The Stepping Stone |
On March 19, Southwestern College students will travel from San Diego to an illegal township outside Cape Town, South Africa. The trip will last 13 days and the mission is simple: Bring as many books and teaching supplies as possible; give the township’s fledgling pre-school a boost; see life from a different perspective; and tell as many people about it as possible. This blog is for that last part. Enjoy. |
South Africa’s Cheetah Outreach has 16 cheetahs, but the entire time I find myself looking at a dog.
The center has dedicated itself to saving the fastest cat on the planet, and has ironically found that the best way to do so is with a Turkish dog called the Anatolian Shepherd. The center raises money to place shepherd puppies on local ranches with the agreement that the ranchers will use the dogs instead of guns and traps to save their livestock. Because the dogs scare away cheetahs instead of kill them, they could be the best solution to saving the cat whose numbers have plummeted since 1900 from 100,000 to 7,500.

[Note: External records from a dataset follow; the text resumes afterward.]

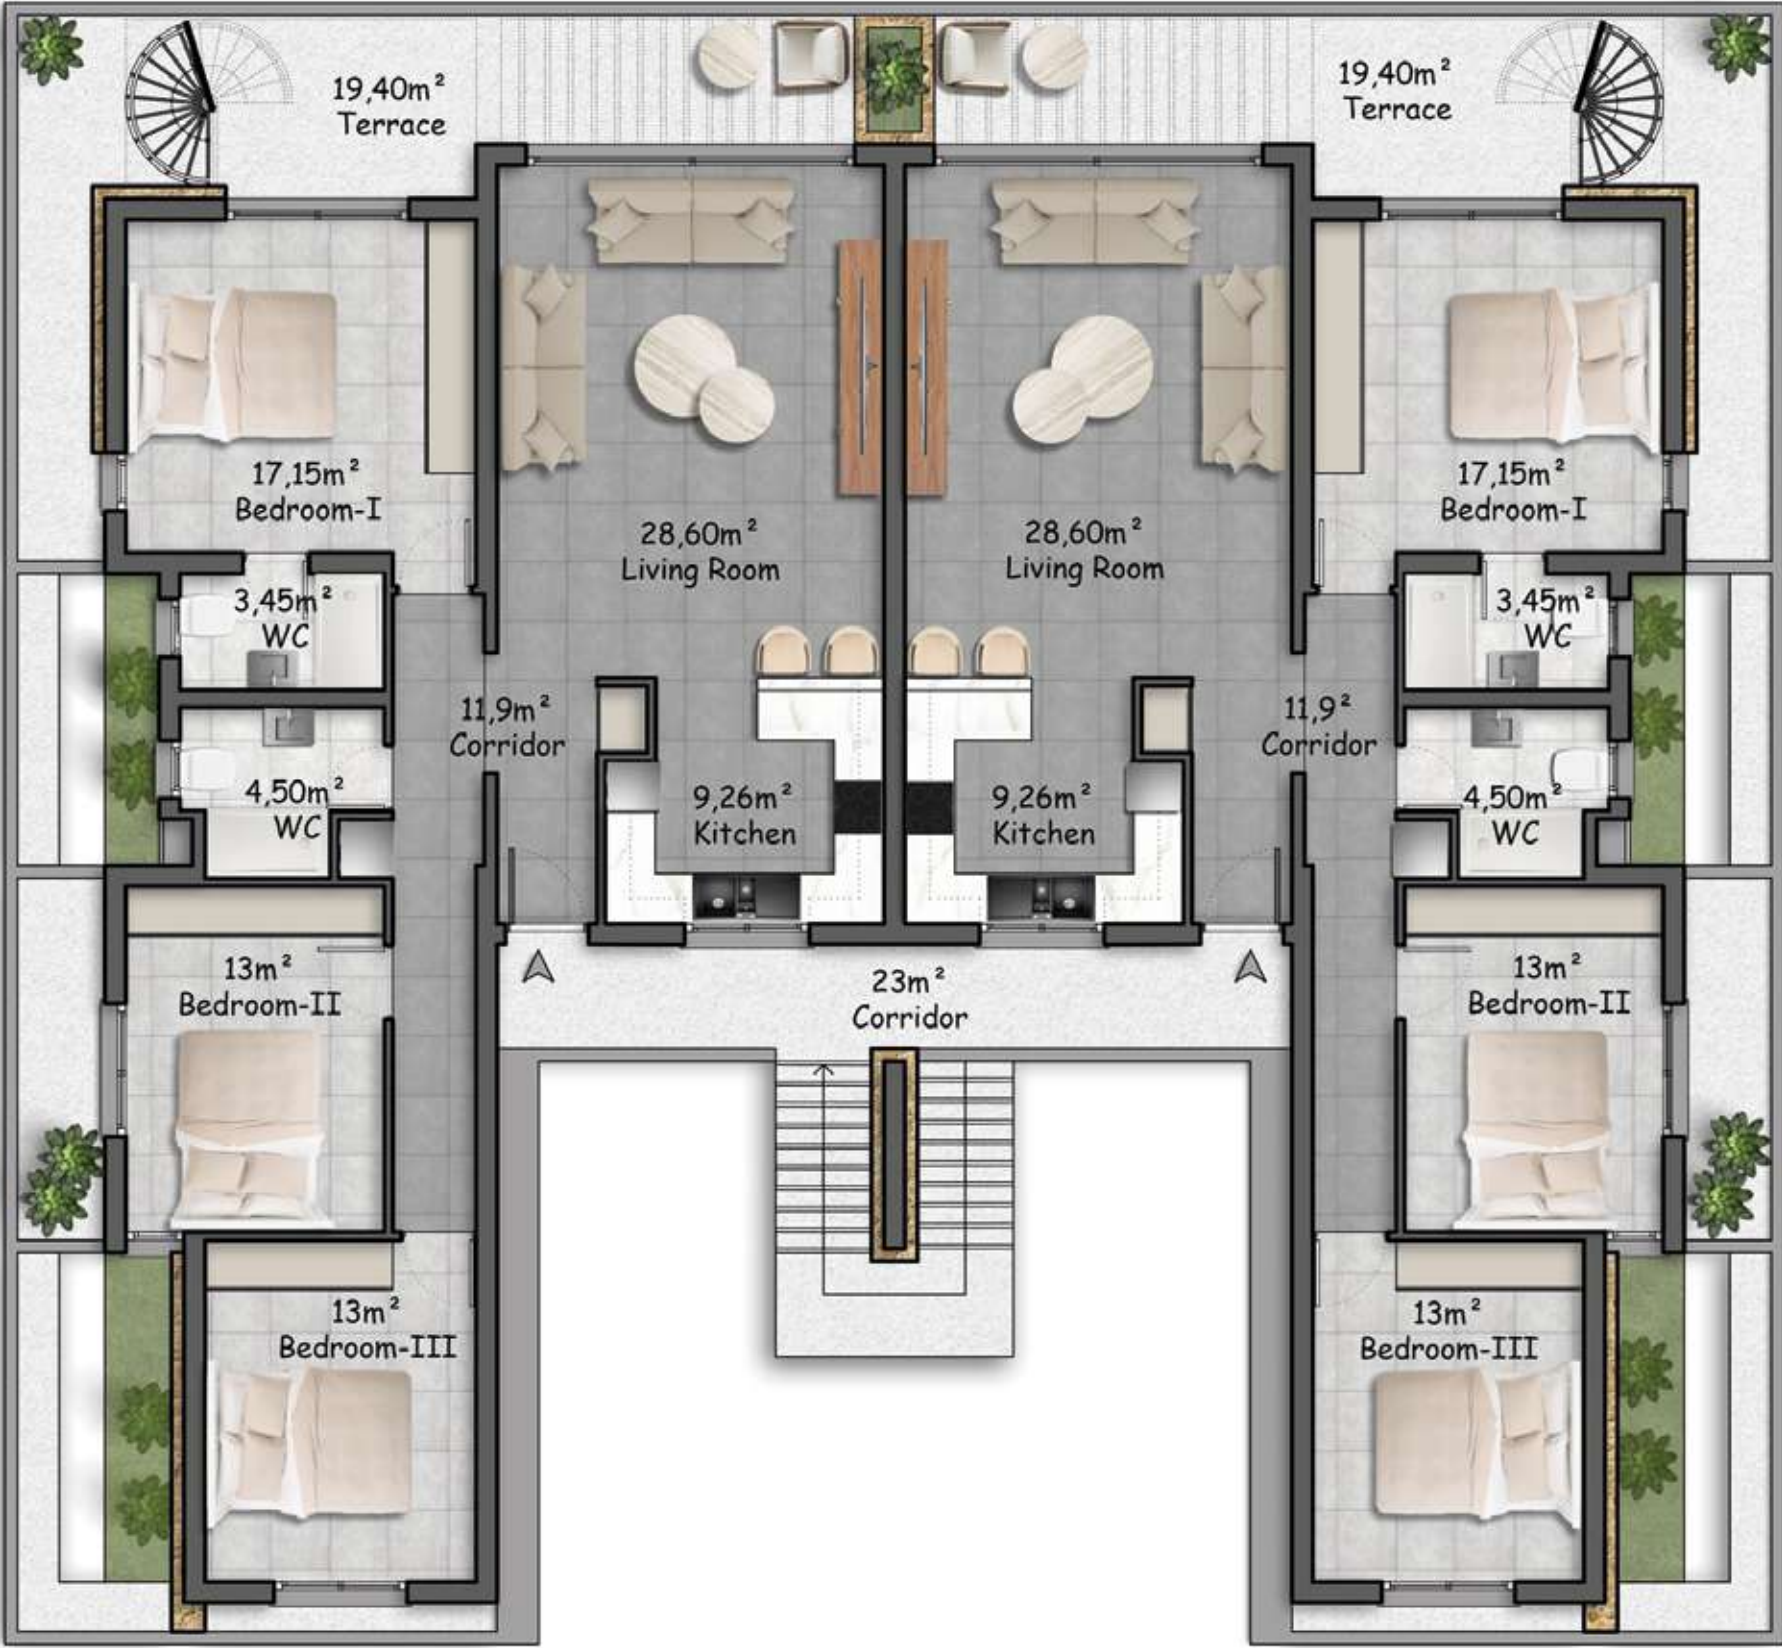

Ground Floor Plan Area: Each Unit 45.00 m² / 39.00 m²

First Floor Plan Area: Each Unit 45.00 m² / 39.00 m²

Mezzanine Floor Plan Area: Each Unit 23.15 m²/ 22.50 m²

Roof Terrace Plan Area: Each Unit 34 m² / 27.70 m²

Ground Floor Plan Area: 85 m²

First Floor Plan Area: 85 m²

Roof Terrace Plan Area: 74 m²

Ground Floor Plan Area: 119 m²

First Floor Plan Area: 158 m²

Roof Terrace Plan Area: 132 m²

SUNNY HILL

Village

Ground Floor Plan Area: Each Unit 46.00 m² / 39 m²

First Floor Plan Area: Each Unit 46.00 m² / 39 m²

Mezzanine Floor Plan Area: Each Unit 23.00 m² / 23.00 m²

Roof Terrace Plan Area: Each Unit 34.00 m² / 27.70 m²

Ground Floor Plan Area: Each Unit 46.00 m² / 39 m²

First Floor Plan Area: Each Unit 46.00 m² / 39 m²

Roof Terrace Plan Area: Each Unit 34.00 / 27.70 m²

A scenic landscape at sunset. The sun is low on the horizon, casting a warm, golden glow over the scene. In the foreground, there is a field of tall, green grass. In the middle ground, there are rolling hills and mountains. In the background, there are more mountains under a sky with some clouds and several birds flying. The text "COUNTRY SIDE WEST" is overlaid on the image.

Jay and Kohlue are the center’s ambassador dogs. They have strong jaws, stocky builds, but overall look like common house dogs. Today they sleep with their chins resting on their paws and their bodies languidly spread out in the grass. From their appearance it is hard to know that they were domesticated thousands of years ago and bred with the tenacity to scare off bears, wolves and jackals but also with the temperament to befriend sheep.
To me, the shaggy white dog symbolizes solution, even if the entire idea—using dogs to save cats—seems backwards.